- _TASK OBJECTIVE_: State how many lines in the listing include the word "completo", and give no other text.

- _PROVIDED INFORMATION_:
--- START ---

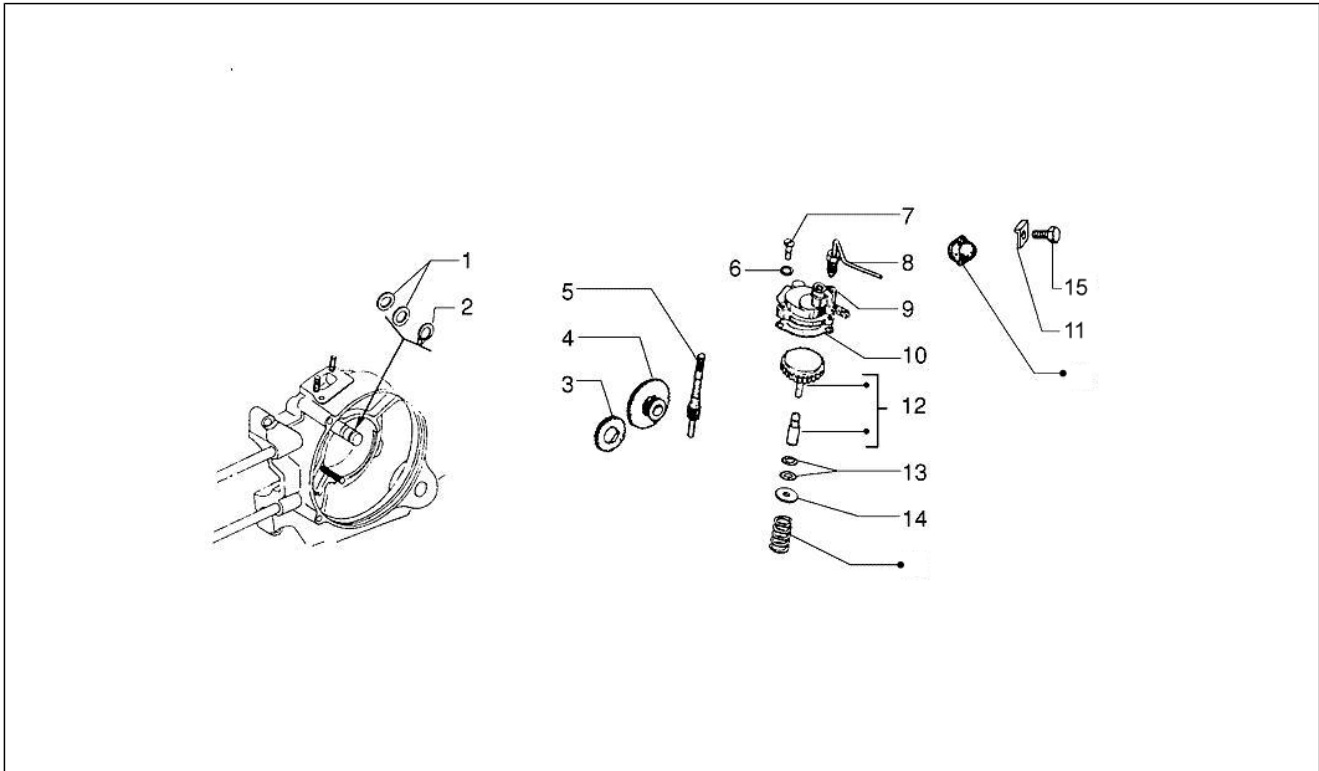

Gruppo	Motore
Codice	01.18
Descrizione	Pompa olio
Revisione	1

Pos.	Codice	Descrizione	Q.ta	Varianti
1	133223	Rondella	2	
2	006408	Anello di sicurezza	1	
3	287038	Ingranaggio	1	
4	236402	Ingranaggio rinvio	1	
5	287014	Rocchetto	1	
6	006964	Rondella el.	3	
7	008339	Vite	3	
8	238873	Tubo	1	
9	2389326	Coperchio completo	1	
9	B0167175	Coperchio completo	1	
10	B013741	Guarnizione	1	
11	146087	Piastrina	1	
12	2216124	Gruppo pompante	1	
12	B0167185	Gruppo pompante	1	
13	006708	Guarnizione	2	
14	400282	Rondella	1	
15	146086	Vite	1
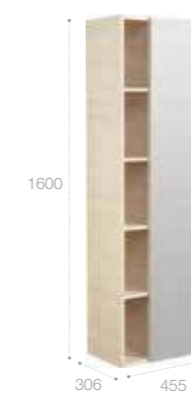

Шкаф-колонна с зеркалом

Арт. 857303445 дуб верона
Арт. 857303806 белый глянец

--- END ---

- _THE ANSWER_: 2